The Heritage Foundation says the US must attempt to get more counter-terrorism cooperation from Pakistan instead of focusing more on civilian nuclear cooperation. They conclude, “Pakistan deserves U.S. support in its fights against terrorists who have brought enormous death and destruction to the Pakistani state. However, the U.S. cannot turn a blind eye to Islamabad’s failure to crack down on terrorists that threaten U.S. national security interests and regional stability. Elevating discussions about a nuclear deal without linking it to U.S. counterterrorism concerns in Pakistan would be, at best, a waste of time. At worst, it would facilitate Pakistan’s risky regional strategy of harboring terrorists under a nuclear shield.”

The Heritage Foundation says that the next president’s biggest challenge is to reverse America’s decline in power. They note, “The goal of government should be to sustain the key attributes that make America great—keeping the nation free, prosperous, and secure.
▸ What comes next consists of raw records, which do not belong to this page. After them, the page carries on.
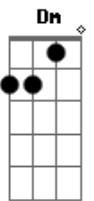

© ukulele-chords.com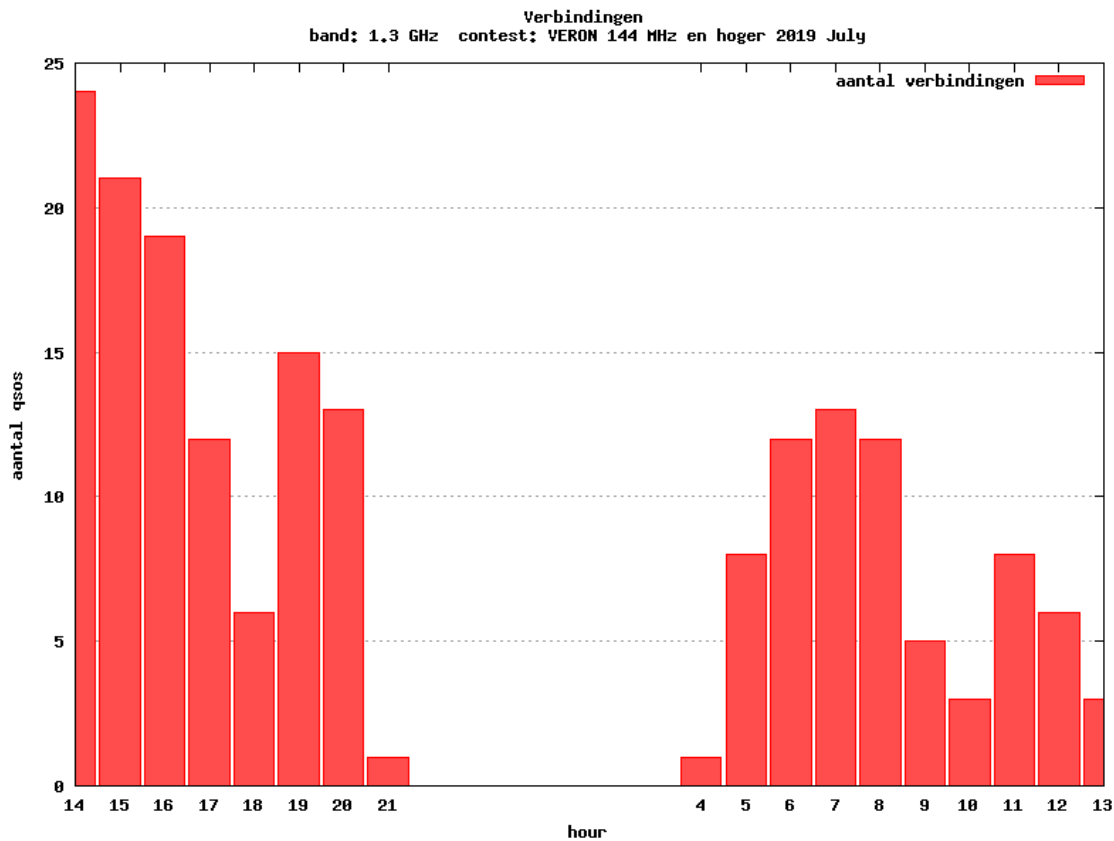

10 GHz - Sectie D

Callsign	Punten naar	Locator	QSOs	Punten	Best DX	Locator	km	Competitiepunten
PA4ZP		JO21RK	18	3069	OK2A	JO60JJ	527	864

Uitslag Radiowedstrijd VERON 144 MHz en hoger 2019 July

Datum: 2019-08-21

PA0S		JO21FW	10	1891	DG5FEB/P	JO40PL	374	532
PA0WMX		JO21XI	3	407	PI4GN	JO33II	229	115

Band: 144 MHz. Alle Verbindingen van de deelnemers op 2019-07-06/07

Band: 432 MHz. Alle Verbindingen van de deelnemers op 2019-07-06/07

Band: 1.3 GHz. Alle Verbindingen van de deelnemers op 2019-07-06/07

Band: 2.3 GHz. Alle Verbindingen van de deelnemers op 2019-07-06/07

Band: 3,4 GHz. Alle Verbindingen van de deelnemers op 2019-07-06/07

The challenge for the next President is to exercise power in a manner that strengthens the nation while promoting economic growth and innovation without growing public debt. Improving the instruments of American power while at the same time reforming government’s fiscal policies will require a balanced effort from the White House. The trajectory of rebuilding the U.S. military will look like a ramp, matched by economic reforms that grow the economy and shift the weight of federal spending more toward its traditional mission of providing the common defense. Covering the gap between the current economic and security situation and where the nation needs to be at the end of the first four years of the next presidency will require a “gap strategy.” The gap strategy combines key alliance, defense, and economic foreign policy initiatives to see the next Administration through the first tough, tumultuous years of office. In order to protect its vital interests, America must strengthen its enduring alliances and other security partnerships in Europe, the Middle East, and Asia, and rebuild and reprioritize defense capability and capacity without adding to public debt.”
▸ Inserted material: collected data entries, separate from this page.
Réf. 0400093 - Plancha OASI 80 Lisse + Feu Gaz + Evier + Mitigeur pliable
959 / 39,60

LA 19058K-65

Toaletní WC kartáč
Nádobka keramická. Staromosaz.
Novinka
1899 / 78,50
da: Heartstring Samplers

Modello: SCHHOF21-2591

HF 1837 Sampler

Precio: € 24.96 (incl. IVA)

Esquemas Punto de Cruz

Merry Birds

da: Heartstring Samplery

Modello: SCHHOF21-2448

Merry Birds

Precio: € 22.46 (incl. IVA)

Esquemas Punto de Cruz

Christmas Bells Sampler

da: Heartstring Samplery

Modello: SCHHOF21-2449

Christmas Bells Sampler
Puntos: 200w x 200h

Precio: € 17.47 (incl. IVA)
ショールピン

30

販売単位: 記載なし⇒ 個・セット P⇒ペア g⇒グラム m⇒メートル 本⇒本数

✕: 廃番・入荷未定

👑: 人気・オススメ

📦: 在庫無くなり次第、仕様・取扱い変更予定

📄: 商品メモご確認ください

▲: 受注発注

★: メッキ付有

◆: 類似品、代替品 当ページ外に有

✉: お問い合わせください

The Washington Institute looks at the recent violence in Jerusalem. They conclude, “In the absence of peace negotiations due to the complete impasse between Netanyahu and Abbas, the Jerusalem stabbing attacks could reshape public attitudes to the point of forcing political consequences. It is safe to say that any such public-led process would be driven more by the people’s measure of their security needs than by vague formulations of a unified city. In reality, some parts of East Jerusalem mean much more to Israeli Jews than others.”
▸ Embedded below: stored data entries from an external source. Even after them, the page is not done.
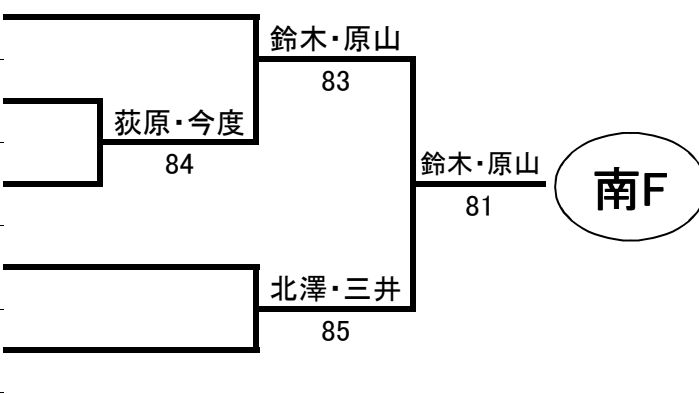

南E

1	鈴木 千絵 (ハイジ)	
	原山 典子 (m&m)	
2	荻原 公美子 (ブリッツ)	
	今度 三紀子 (西和田TC)	
3	下川 真由子 (チームしろうま)	
	亀島 真由美 (チームしろうま)	
4	北澤 博子 (m&m)	
	三井 佐知 (ブリッツ)	
5	松本 あや子 (西和田TC)	
	足立 由美 (フェイ)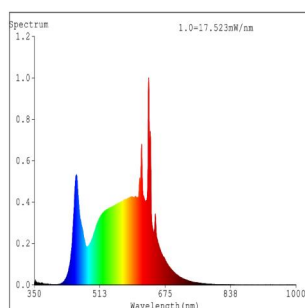

## General information

Trade mark	EGLO
Materialnummer	11935
Type	Lyskilder
Lysfarve samlet (Ra)	WHITE
Lyskildetype (1)	E27-LED-A60
EAN/UPC	9002759119355

### Teknisk information

Sammenlignings effekt (W)	40
item-number LED-board (1)	11935
Lighting Technology	LED
Lyskilde med styret lys	No
Lamp cap (Socket)	E27
Tilsluttet spænding	Yes
Tilsluttet lyskilde	No
Lyskilde med farveskift	No
Lyskilde med højt lysudbytte	No
Dæmpbar	No
Energy consumption (kWh/1000h)	4
Rated useful lumen	470
Strålevinkel (°) ved måling	360
Color temperature (K)	4000
Nominal wattage (W)	3,4
Chromaticity coordinates x (1)	0,38
Chromaticity coordinates y (1)	0,38
RA Værdi (CRI)	90
Lampe vedligeholdelses faktor @3000timer	> = 90 %
Lumen vedligeholdelses faktor @3000timer	0,96
Flimmereffekt	0,2
Stroboskopisk Effect Metric / SVM	0,4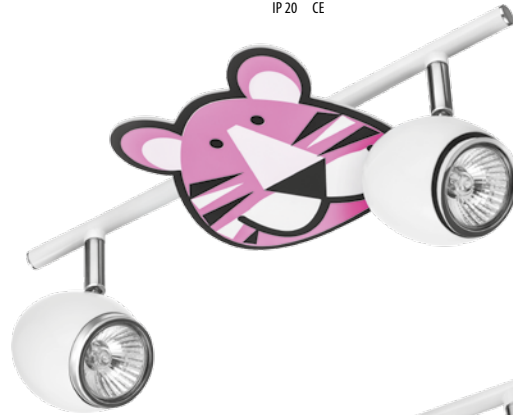

LENNY

5901289719681	2108202
2xGU10	
5902166900925	2208202 LED
incl. 2xGU10 LED 4,5W 360 lm	
White-Chrome / Biały-Chrom / Weiß-Chrom Blanc-Chrome / Белый-Хром	
Metal / Metal / Metall / Métal / Металл	
IP 20 CE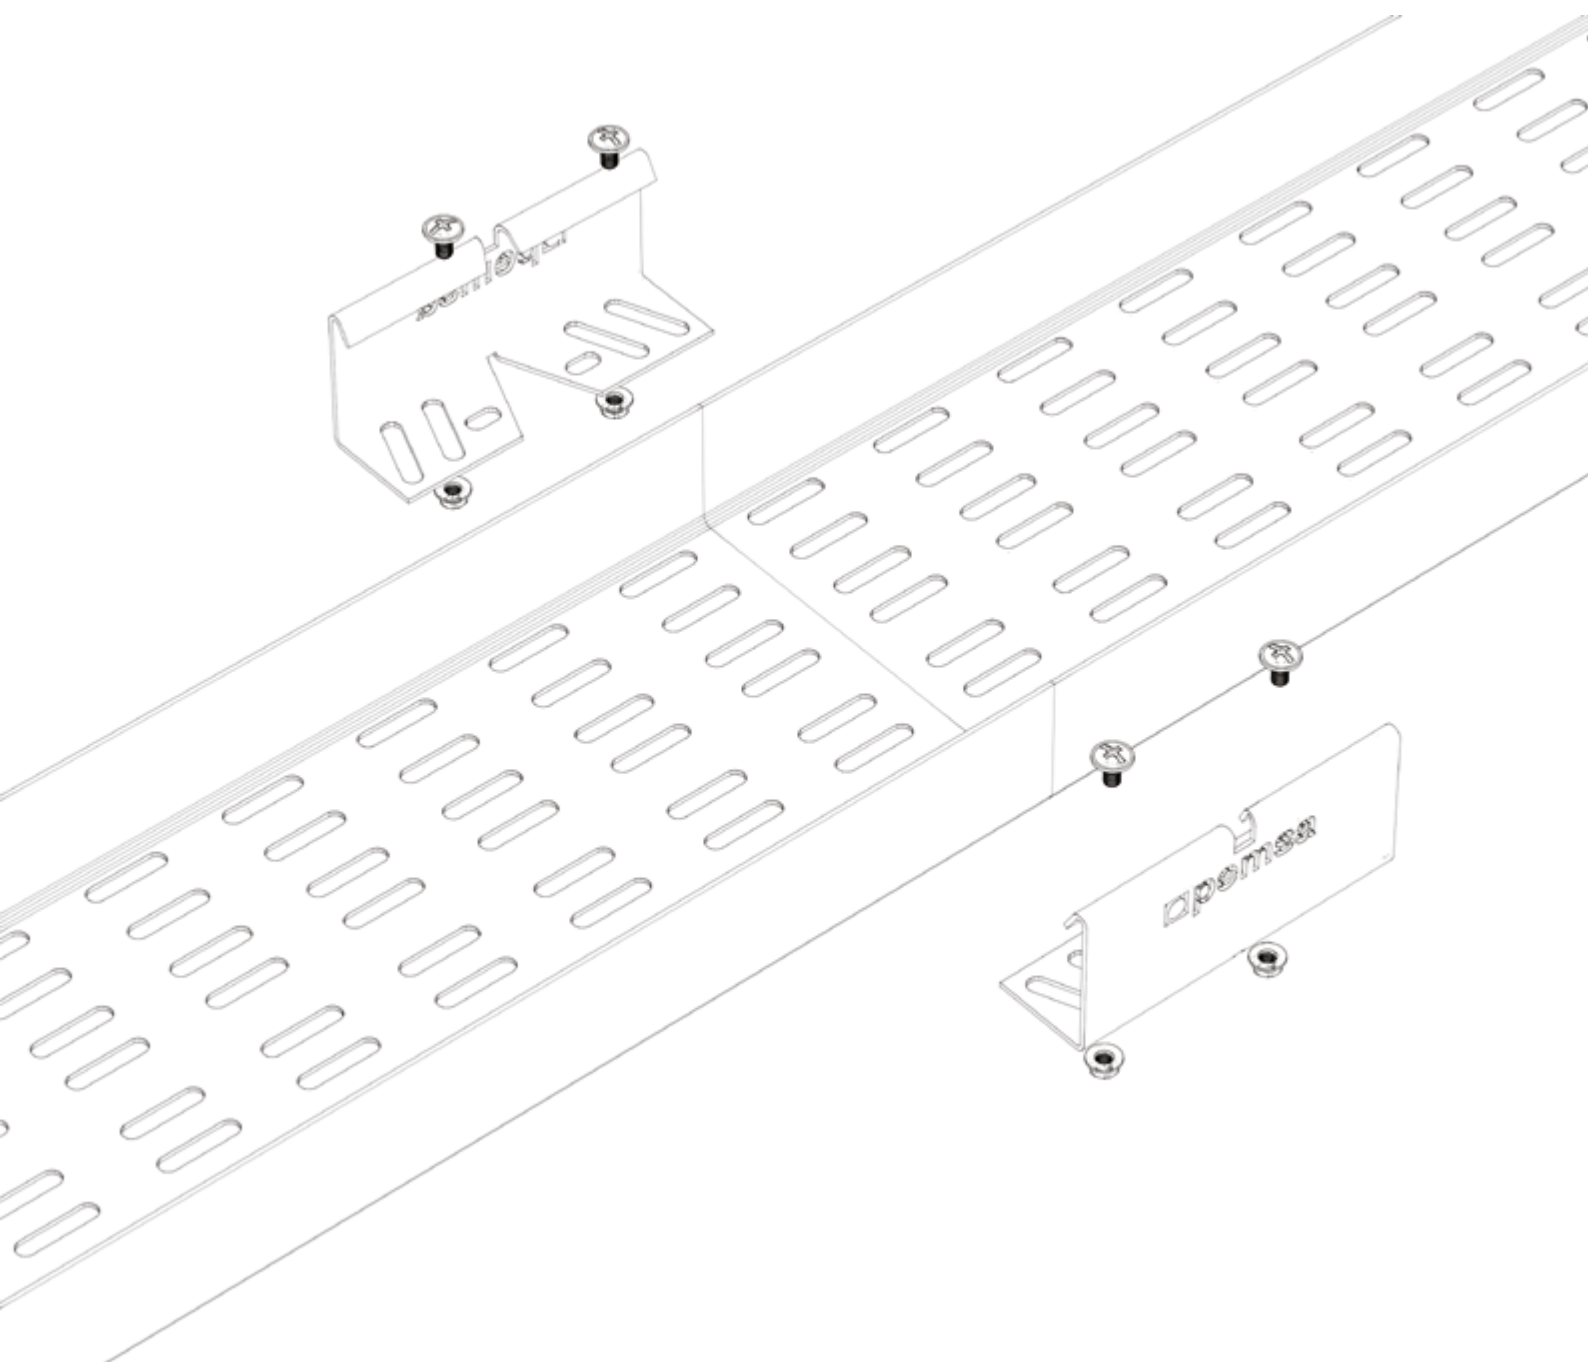

1 x 93930003

12 x 67030093

pemsa**band**[®] PQ

Bandeja de chapa para aplicaciones industriales

Cable tray for industrial applications

Dalle de chemin de câbles pour applications industrielles

pemsa**band**[®] PQ

The Carnegie Endowment looks at the growing Salafi-jihadi movement since the fall of former president Zine el-Abidine Ben Ali in January 2011. The report says, “In order to overcome the growth of radicalization and radical groups, Tunisia needs to address the political demands of its youth and diversify the religious sphere. Addressing socioeconomic grievances in order to allow social mobility and stem frustration among the younger generation will be critical. Institutionalizing the Salafi movement by allowing those who would like to work within formal politics and civil society to operate freely, as long as they respect the law, will also be necessary. The state should also loosen its control over the religious sphere and strengthen the competitiveness of state religious actors to allow for a diversity of religious ideas to emerge. Finally, Ennahdha, in its role as the strongest religious movement in Tunisia, needs to find the right balance between its religious and political activities because its presence in the marketplace of religious ideas will help minimize the influence of radical groups.”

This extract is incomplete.